TASK INSTRUCTIONS:
Print the listing in its entirety and exactly, leaving out images.

Start of Block

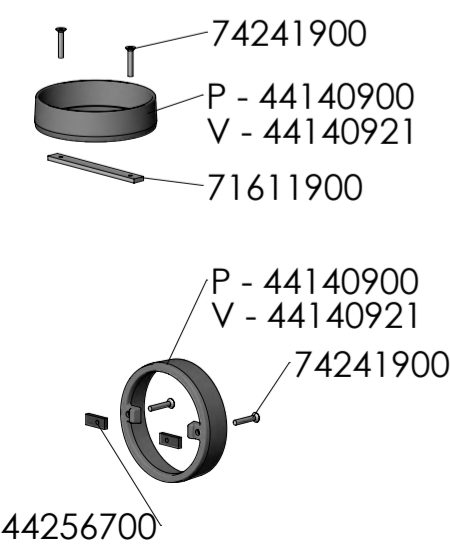

# MORSØ

2800-Serie

Zone:	Rev.:	Description	Date	Sign.:
Revisions				
Title:		Construction:	RSV	14.05.2018
<b>2800 N-EN</b>		Released:		
<b>Reservedelstegning</b>		Format:	<b>A2</b>	
<b>Morsø 2800</b>		Scale:	<b>1:9</b>	
Drawingtype:		Itemno.:		
Location of file:		Drawing no.: <b>2800-500 a</b>

End of Block

ANSWER SECTION:
# MORSØ

2800-Serie

Zone:	Rev.:	Description	Date	Sign.:
Revisions				
Title:		Construction:	RSV	14.05.2018
<b>2800 N-EN</b>		Released:		
<b>Reservedelstegning</b>		Format:	<b>A2</b>	
<b>Morsø 2800</b>		Scale:	<b>1:9</b>	
Drawingtype:		Itemno.:		
Location of file:		Drawing no.: <b>2800-500 a</b>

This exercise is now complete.